*What you are asked to do*.
Lines holding the word "Guide": how many does the material below have? Answer with nothing but the number.

····················

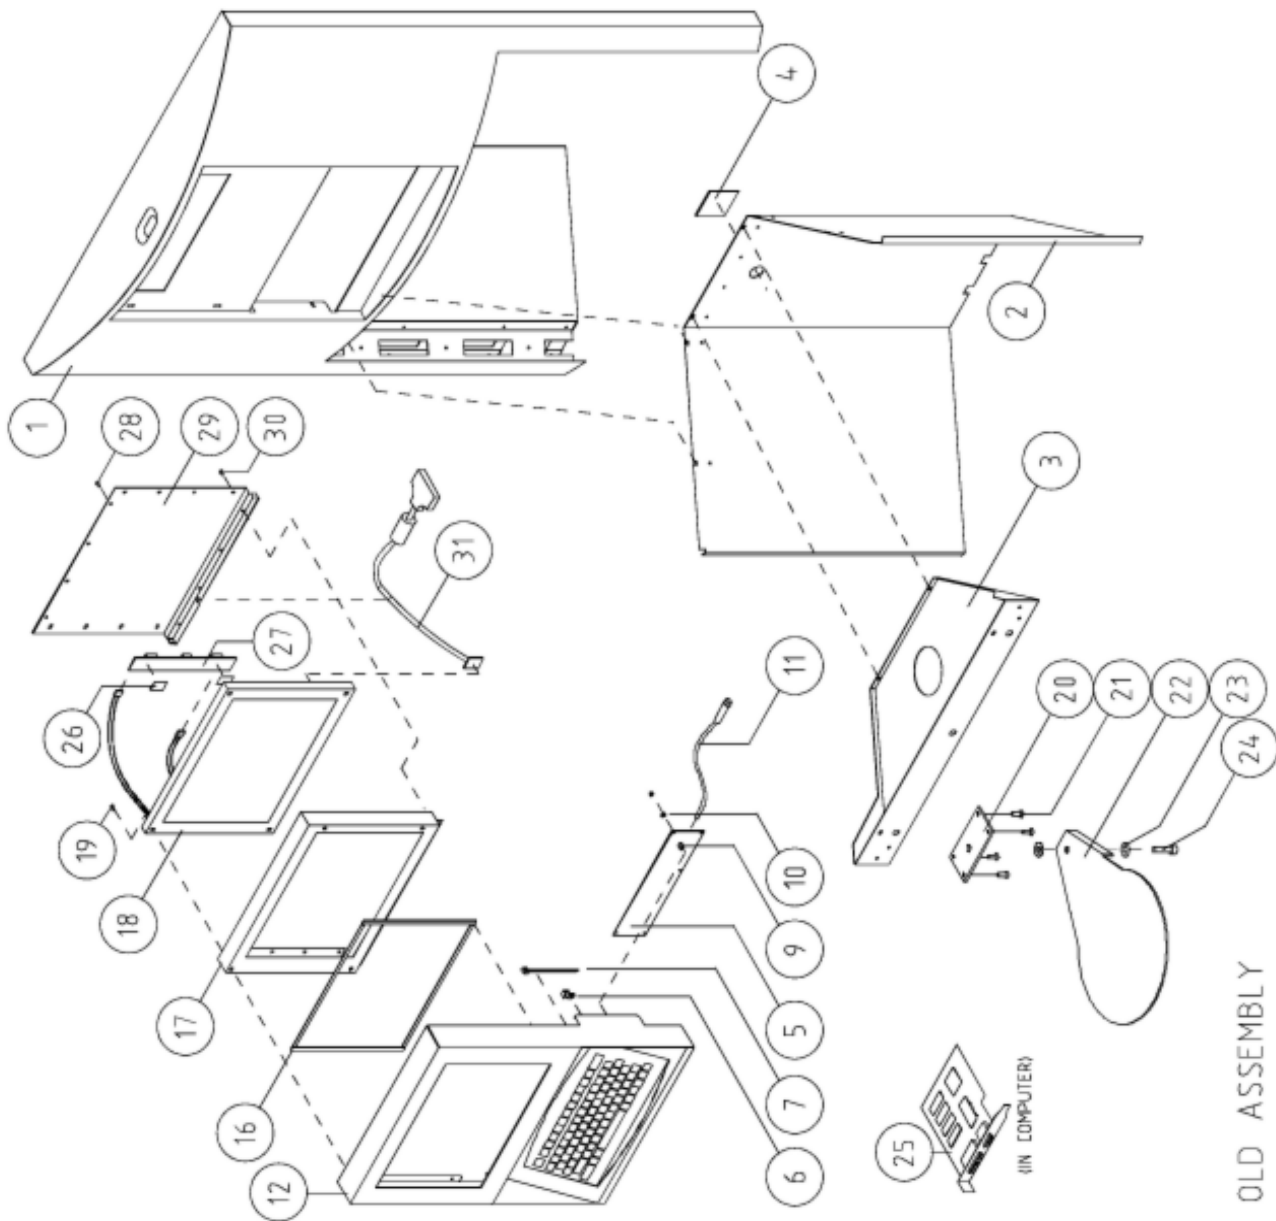

<i>ITEM</i>	<i>PART NUMBER</i>	<i>DESCRIPTION</i>	<i>REMARKS</i>
06	1802641-SP	Door, plexiglass, safety, HA-s	pos. 6-9
07	1602794-SP	HANDLE DOOR, SX-40A, SET	
08	1850099-SP	screw M4x16 DIN912 set 100pcs	pos. 8(100x)
09	1850110-SP	Washer M4 DIN125A set 100pcs	pos. 9(100x)
10	1860143-SP	Spring, constant-force, CF030/BJ	
19	1160200-SP	Switch, micro	
20	1150320-SP	Bearing, ball, slid. table(626LU)	
22	1805136-SP	Bracket, switch, el. punch, HA-s	
46	1561280-SP	O-ring, viton, f8x1.9(25pcs)	
	1806151-SP	Guide assy, L, upper door, HA-s	pos. 10-13, 31-41
	1806150-SP	Guide assy, R, upper door, HA-s	pos. 10-13, 31-41&43

OLD ASSEMBLY
(UPTO 1 MARCH 2002)

····················

*Solution*.
2